蒲原有明 有明集(初版・正規表現版) やまうど
やまうど
やまうどは微(かす)かに呻(うめ)く、わなわなと
胸(むね)にはむすぶ雙(さう)の手(て)や、
をみなよ、その手(て)を………
やまうどは寢(ね)がへるけはひ。
やまうどの枕(まくら)を暗(くら)く寂(さび)しげに
燈火(ともしび)くもる夜(よる)の室(むろ)、
をみなよ、照(て)らしぬ………
やまうどは汗(あせ)す、額(ひたひ)に。
やまうどは何(なに)をかもとむ、呼息(いき)づかひ
いと苦(くる)しげに呟(つぶ)やける、
をみなよ、聞(き)け、問(と)へ………
やまうどの唇(くちびる)褪(あ)せぬ。
やまうどの眼(まなこ)は轉(まろ)び沈(しづ)み入(い)り、
きしめぐらしき惱(なや)ましさ、
をみなよ、靜(しづ)かに………
やまうどに夜(よる)の氣(け)熟(う)みぬ。
やまうどは落居(おちゐ)ぬ眠(ねぶ)り、蟀谷(こめかみ)の
脈(すぢ)ひよめきて、また弛(ゆる)ぶ、
をみなよ、あな、あな………
やまうどの面(おもて)ほほゑむ。
やまうどをこの束(つか)の間(ま)に、(その人(ひと)の
妻(つま)たる三年(みとせ))、いかに見(み)る、
をみなよ、畏(おそ)れな………
やまうどの夢(ゆめ)は罅(ひゞ)きぬ。
やまうどの枕(まくら)をかへよ、舊(ふ)りぬるも
なほ新(あら)たなる布(ぬの)ありや、
をみなよ、いづくに………
やまうどに燈火(ともしび)滅(き)えぬ。
[やぶちゃん注:総てのリーダは九点。

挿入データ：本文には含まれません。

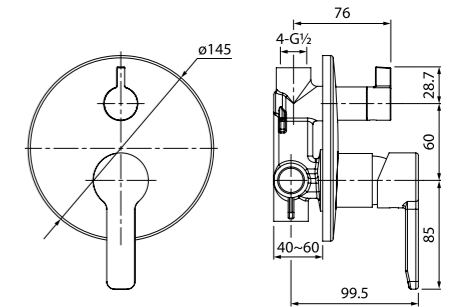

ХИТ ПРОДАЖ

- Керамический дивертор
- Увеличенное никель-хромовое покрытие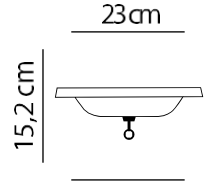

Kutu Ölçüsü 245*245*150 mm Adet 3 dm Adet 1860 gr

ÜRÜN KODU	WATT	LÜMEN	IŞIK RENGİ	KOLİ ADET
EMK 66061	100 W	11000 lm	6500 K	5 Ad.

Kutu Ölçüsü 320*320*165 mm Adet 4,95 dm Adet 2500 gr

ÜRÜN KODU	WATT	LÜMEN	IŞIK RENGİ	KOLİ ADET
EMK 66071	150 W	16500 lm	6500 K	5 Ad.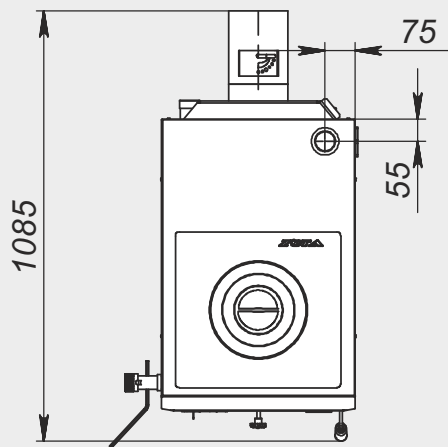

Монтажные размеры котлов "Master"

ZOTA "Master" -12

ZOTA "Master" -18

ZOTA "Master"-20

ZOTA "Master" -25

ZOTA "Master" -30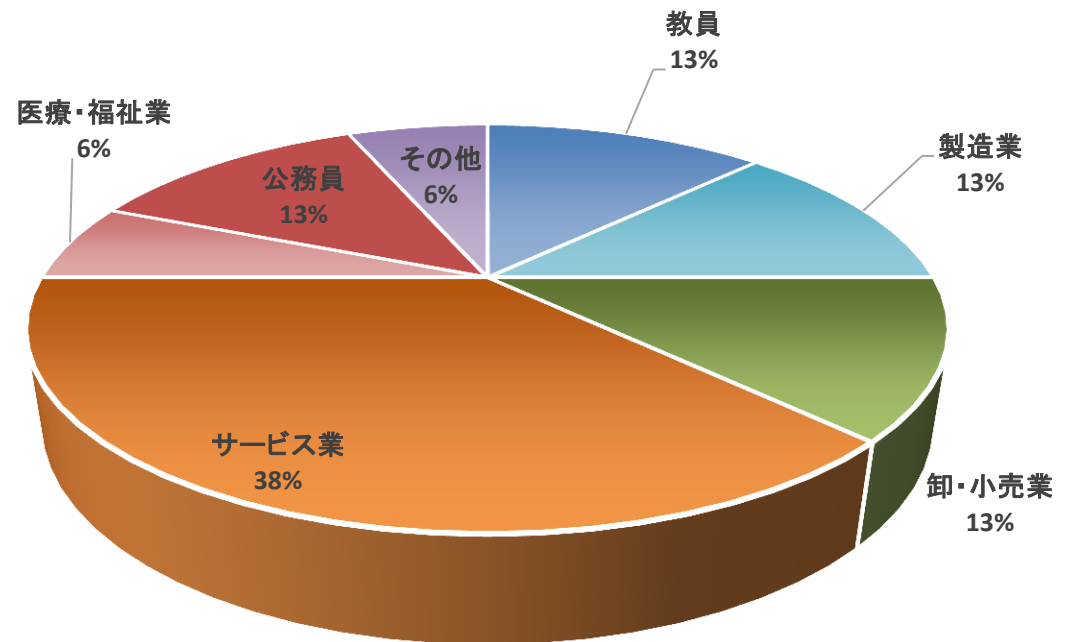

平成26年度 生涯学習課程 卒業生

平成27年5月1日現在

進路状況

卒業生数		25
就職	教員	2
	公務員	2
	企業等	12
進学	大学院	3
	諸学校	3
	その他	3

産業別就職状況

業種	人数
教員	2
農業	
鉱業	
建設業	
製造業	2
電気・ガス・水道業	
情報通信業	
運輸・郵便業	
卸・小売業	2
金融・保険業	
不動産・物品賃貸業	
サービス業	6
教育・学習支援業	
医療・福祉業	1
公務員	2
その他	1

第三連冒頭の「やまうどは何(なに)をかもとむ、呼息(いき)づかひ」は底本では「やとうどは何(なに)をかもとむ、呼息(いき)づかひ」。明らかな誤植で、底本の「名著復刻 詩歌文学館 紫陽花セット」の解説書の野田宇太郎氏の解説にある、有明から渡された正誤表に従い、特異的に呈した。同じ仕儀を「さしめぐらしき惱(なや)ましさ、」(底本は「きしめぐらしき惱(なや)ましさ、」)と、「脈(すぢ)ひよめきて、また弛(ゆる)ぶ、」(底本は「脈(すぢ)びよめきて、また弛(ゆる)ぶ、」)で施した。「やまうど」は「山人」のこと。]